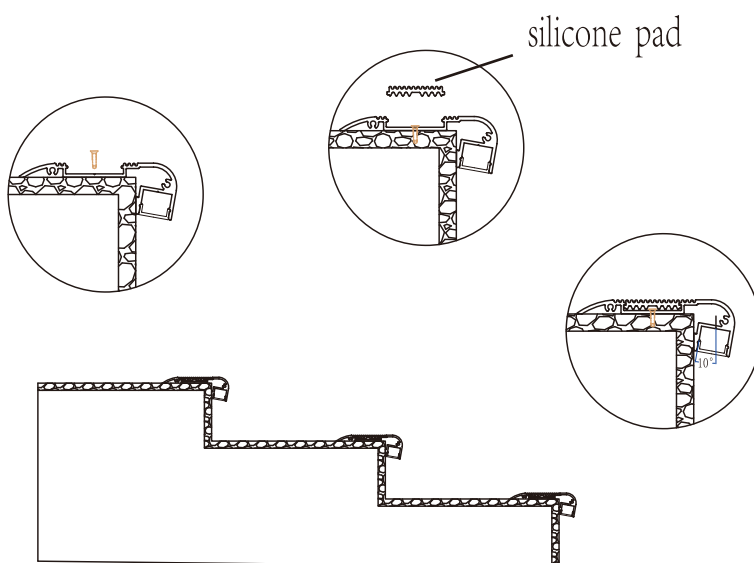

BALLATRIX : LCB6725

Material: AL6063-T5
Colour: Anodised or Powder Coated
Black, White Silver, Custom Color
PC Cover: Opal Diffuser, Transparent
Frosted.
Length: Up to 5m

# What this task involves
Set down exactly what runs from the line with "Colour: Anodised or Powder Coated" to the last line of the data above, including both of those lines and no others.

# Your solution
Colour: Anodised or Powder Coated
Black, White Silver, Custom Color
PC Cover: Opal Diffuser, Transparent
Frosted.
Length: Up to 5m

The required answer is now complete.